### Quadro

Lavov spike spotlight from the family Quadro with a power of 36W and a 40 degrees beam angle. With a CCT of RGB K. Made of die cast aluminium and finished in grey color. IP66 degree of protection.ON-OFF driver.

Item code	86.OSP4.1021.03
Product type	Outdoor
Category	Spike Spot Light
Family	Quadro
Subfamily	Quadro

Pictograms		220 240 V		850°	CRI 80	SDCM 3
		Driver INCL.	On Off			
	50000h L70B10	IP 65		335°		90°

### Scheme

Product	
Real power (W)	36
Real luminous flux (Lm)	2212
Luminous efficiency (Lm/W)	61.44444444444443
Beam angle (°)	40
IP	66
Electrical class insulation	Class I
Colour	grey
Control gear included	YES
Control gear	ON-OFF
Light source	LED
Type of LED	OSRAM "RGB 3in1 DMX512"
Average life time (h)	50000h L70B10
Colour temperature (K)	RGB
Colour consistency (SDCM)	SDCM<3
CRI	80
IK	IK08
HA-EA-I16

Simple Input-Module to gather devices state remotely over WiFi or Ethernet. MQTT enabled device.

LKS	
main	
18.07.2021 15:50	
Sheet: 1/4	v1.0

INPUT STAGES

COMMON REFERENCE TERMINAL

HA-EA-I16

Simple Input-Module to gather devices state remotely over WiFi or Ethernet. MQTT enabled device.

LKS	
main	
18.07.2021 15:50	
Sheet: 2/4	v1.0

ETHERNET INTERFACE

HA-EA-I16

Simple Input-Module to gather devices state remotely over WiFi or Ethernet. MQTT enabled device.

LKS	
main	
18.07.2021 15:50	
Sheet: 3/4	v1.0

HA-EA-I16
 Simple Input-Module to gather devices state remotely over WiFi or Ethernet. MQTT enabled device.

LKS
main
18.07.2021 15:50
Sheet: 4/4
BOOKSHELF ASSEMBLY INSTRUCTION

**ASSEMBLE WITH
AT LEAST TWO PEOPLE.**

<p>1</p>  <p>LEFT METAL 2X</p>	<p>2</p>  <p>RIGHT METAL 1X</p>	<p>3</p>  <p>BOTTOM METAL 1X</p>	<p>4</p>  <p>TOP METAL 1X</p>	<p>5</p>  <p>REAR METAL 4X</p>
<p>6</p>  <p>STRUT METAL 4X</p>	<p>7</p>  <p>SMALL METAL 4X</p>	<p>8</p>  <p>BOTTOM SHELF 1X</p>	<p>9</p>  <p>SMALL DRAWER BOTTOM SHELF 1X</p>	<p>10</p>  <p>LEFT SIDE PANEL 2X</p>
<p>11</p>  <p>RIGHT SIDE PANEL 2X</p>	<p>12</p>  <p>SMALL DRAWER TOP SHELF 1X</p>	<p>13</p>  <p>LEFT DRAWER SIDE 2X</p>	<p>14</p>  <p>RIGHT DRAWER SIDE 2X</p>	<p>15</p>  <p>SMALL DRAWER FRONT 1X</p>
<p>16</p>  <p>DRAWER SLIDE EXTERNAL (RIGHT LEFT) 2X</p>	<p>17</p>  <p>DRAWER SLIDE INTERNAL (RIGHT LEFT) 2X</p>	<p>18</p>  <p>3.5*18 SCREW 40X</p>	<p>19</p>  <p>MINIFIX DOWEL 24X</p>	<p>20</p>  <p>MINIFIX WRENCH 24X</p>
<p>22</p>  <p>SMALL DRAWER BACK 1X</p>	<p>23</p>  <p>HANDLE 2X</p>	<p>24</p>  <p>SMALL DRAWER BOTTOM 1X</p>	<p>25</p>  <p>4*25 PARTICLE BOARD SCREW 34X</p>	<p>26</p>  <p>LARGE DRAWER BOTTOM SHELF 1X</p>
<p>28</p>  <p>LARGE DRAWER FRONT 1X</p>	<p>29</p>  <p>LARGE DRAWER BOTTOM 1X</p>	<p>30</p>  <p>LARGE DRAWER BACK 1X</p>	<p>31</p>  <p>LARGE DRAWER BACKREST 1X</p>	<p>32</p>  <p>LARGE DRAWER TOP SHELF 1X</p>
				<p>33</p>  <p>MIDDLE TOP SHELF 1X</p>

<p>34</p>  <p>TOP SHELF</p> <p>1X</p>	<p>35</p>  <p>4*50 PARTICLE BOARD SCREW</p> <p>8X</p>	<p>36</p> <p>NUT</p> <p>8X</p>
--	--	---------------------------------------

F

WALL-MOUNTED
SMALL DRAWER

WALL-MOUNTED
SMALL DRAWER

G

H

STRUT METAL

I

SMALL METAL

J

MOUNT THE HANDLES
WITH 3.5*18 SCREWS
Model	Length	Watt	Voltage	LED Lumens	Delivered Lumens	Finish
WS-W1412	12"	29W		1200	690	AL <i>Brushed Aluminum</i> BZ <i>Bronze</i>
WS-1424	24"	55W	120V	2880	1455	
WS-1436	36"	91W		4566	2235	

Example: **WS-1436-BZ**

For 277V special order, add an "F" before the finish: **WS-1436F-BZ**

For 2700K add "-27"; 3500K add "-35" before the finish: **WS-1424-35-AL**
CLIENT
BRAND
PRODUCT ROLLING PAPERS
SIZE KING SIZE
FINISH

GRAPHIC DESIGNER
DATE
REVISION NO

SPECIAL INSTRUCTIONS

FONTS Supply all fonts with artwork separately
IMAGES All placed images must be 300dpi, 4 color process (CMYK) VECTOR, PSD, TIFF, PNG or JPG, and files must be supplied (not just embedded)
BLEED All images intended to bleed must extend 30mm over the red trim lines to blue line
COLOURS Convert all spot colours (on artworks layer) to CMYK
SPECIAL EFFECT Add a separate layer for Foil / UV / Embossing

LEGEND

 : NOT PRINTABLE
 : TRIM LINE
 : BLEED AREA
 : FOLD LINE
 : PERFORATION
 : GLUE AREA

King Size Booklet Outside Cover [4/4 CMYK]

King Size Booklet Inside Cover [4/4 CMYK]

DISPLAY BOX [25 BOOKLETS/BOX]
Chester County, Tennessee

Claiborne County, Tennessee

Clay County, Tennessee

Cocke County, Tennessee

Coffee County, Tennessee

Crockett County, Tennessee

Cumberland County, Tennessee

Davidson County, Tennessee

▶ [What needs to be done] Output the records above exactly as written.

▶ [Output below]
### Quadro

Lavov spike spotlight from the family Quadro with a power of 36W and a 40 degrees beam angle. With a CCT of RGB K. Made of die cast aluminium and finished in grey color. IP66 degree of protection.ON-OFF driver.

Item code	86.OSP4.1021.03
Product type	Outdoor
Category	Spike Spot Light
Family	Quadro
Subfamily	Quadro

Pictograms		220 240 V		850°	CRI 80	SDCM 3
		Driver INCL.	On Off			
	50000h L70B10	IP 65		335°		90°

### Scheme

Product	
Real power (W)	36
Real luminous flux (Lm)	2212
Luminous efficiency (Lm/W)	61.44444444444443
Beam angle (°)	40
IP	66
Electrical class insulation	Class I
Colour	grey
Control gear included	YES
Control gear	ON-OFF
Light source	LED
Type of LED	OSRAM "RGB 3in1 DMX512"
Average life time (h)	50000h L70B10
Colour temperature (K)	RGB
Colour consistency (SDCM)	SDCM<3
CRI	80
IK	IK08
HA-EA-I16

Simple Input-Module to gather devices state remotely over WiFi or Ethernet. MQTT enabled device.

LKS	
main	
18.07.2021 15:50	
Sheet: 1/4	v1.0

INPUT STAGES

COMMON REFERENCE TERMINAL

HA-EA-I16

Simple Input-Module to gather devices state remotely over WiFi or Ethernet. MQTT enabled device.

LKS	
main	
18.07.2021 15:50	
Sheet: 2/4	v1.0

ETHERNET INTERFACE

HA-EA-I16

Simple Input-Module to gather devices state remotely over WiFi or Ethernet. MQTT enabled device.

LKS	
main	
18.07.2021 15:50	
Sheet: 3/4	v1.0

HA-EA-I16
 Simple Input-Module to gather devices state remotely over WiFi or Ethernet. MQTT enabled device.

LKS
main
18.07.2021 15:50
Sheet: 4/4
BOOKSHELF ASSEMBLY INSTRUCTION

**ASSEMBLE WITH
AT LEAST TWO PEOPLE.**

<p>1</p>  <p>LEFT METAL 2X</p>	<p>2</p>  <p>RIGHT METAL 1X</p>	<p>3</p>  <p>BOTTOM METAL 1X</p>	<p>4</p>  <p>TOP METAL 1X</p>	<p>5</p>  <p>REAR METAL 4X</p>
<p>6</p>  <p>STRUT METAL 4X</p>	<p>7</p>  <p>SMALL METAL 4X</p>	<p>8</p>  <p>BOTTOM SHELF 1X</p>	<p>9</p>  <p>SMALL DRAWER BOTTOM SHELF 1X</p>	<p>10</p>  <p>LEFT SIDE PANEL 2X</p>
<p>11</p>  <p>RIGHT SIDE PANEL 2X</p>	<p>12</p>  <p>SMALL DRAWER TOP SHELF 1X</p>	<p>13</p>  <p>LEFT DRAWER SIDE 2X</p>	<p>14</p>  <p>RIGHT DRAWER SIDE 2X</p>	<p>15</p>  <p>SMALL DRAWER FRONT 1X</p>
<p>16</p>  <p>DRAWER SLIDE EXTERNAL (RIGHT LEFT) 2X</p>	<p>17</p>  <p>DRAWER SLIDE INTERNAL (RIGHT LEFT) 2X</p>	<p>18</p>  <p>3.5*18 SCREW 40X</p>	<p>19</p>  <p>MINIFIX DOWEL 24X</p>	<p>20</p>  <p>MINIFIX WRENCH 24X</p>
<p>22</p>  <p>SMALL DRAWER BACK 1X</p>	<p>23</p>  <p>HANDLE 2X</p>	<p>24</p>  <p>SMALL DRAWER BOTTOM 1X</p>	<p>25</p>  <p>4*25 PARTICLE BOARD SCREW 34X</p>	<p>26</p>  <p>LARGE DRAWER BOTTOM SHELF 1X</p>
<p>28</p>  <p>LARGE DRAWER FRONT 1X</p>	<p>29</p>  <p>LARGE DRAWER BOTTOM 1X</p>	<p>30</p>  <p>LARGE DRAWER BACK 1X</p>	<p>31</p>  <p>LARGE DRAWER BACKREST 1X</p>	<p>32</p>  <p>LARGE DRAWER TOP SHELF 1X</p>
				<p>33</p>  <p>MIDDLE TOP SHELF 1X</p>

<p>34</p>  <p>TOP SHELF</p> <p>1X</p>	<p>35</p>  <p>4*50 PARTICLE BOARD SCREW</p> <p>8X</p>	<p>36</p> <p>NUT</p> <p>8X</p>
--	--	---------------------------------------

F

WALL-MOUNTED
SMALL DRAWER

WALL-MOUNTED
SMALL DRAWER

G

H

STRUT METAL

I

SMALL METAL

J

MOUNT THE HANDLES
WITH 3.5*18 SCREWS
Model	Length	Watt	Voltage	LED Lumens	Delivered Lumens	Finish
WS-W1412	12"	29W		1200	690	AL <i>Brushed Aluminum</i> BZ <i>Bronze</i>
WS-1424	24"	55W	120V	2880	1455	
WS-1436	36"	91W		4566	2235	

Example: **WS-1436-BZ**

For 277V special order, add an "F" before the finish: **WS-1436F-BZ**

For 2700K add "-27"; 3500K add "-35" before the finish: **WS-1424-35-AL**
CLIENT
BRAND
PRODUCT ROLLING PAPERS
SIZE KING SIZE
FINISH

GRAPHIC DESIGNER
DATE
REVISION NO

SPECIAL INSTRUCTIONS

FONTS Supply all fonts with artwork separately
IMAGES All placed images must be 300dpi, 4 color process (CMYK) VECTOR, PSD, TIFF, PNG or JPG, and files must be supplied (not just embedded)
BLEED All images intended to bleed must extend 30mm over the red trim lines to blue line
COLOURS Convert all spot colours (on artworks layer) to CMYK
SPECIAL EFFECT Add a separate layer for Foil / UV / Embossing

LEGEND

 : NOT PRINTABLE
 : TRIM LINE
 : BLEED AREA
 : FOLD LINE
 : PERFORATION
 : GLUE AREA

King Size Booklet Outside Cover [4/4 CMYK]

King Size Booklet Inside Cover [4/4 CMYK]

DISPLAY BOX [25 BOOKLETS/BOX]
Chester County, Tennessee

Claiborne County, Tennessee

Clay County, Tennessee

Cocke County, Tennessee

Coffee County, Tennessee

Crockett County, Tennessee

Cumberland County, Tennessee

Davidson County, Tennessee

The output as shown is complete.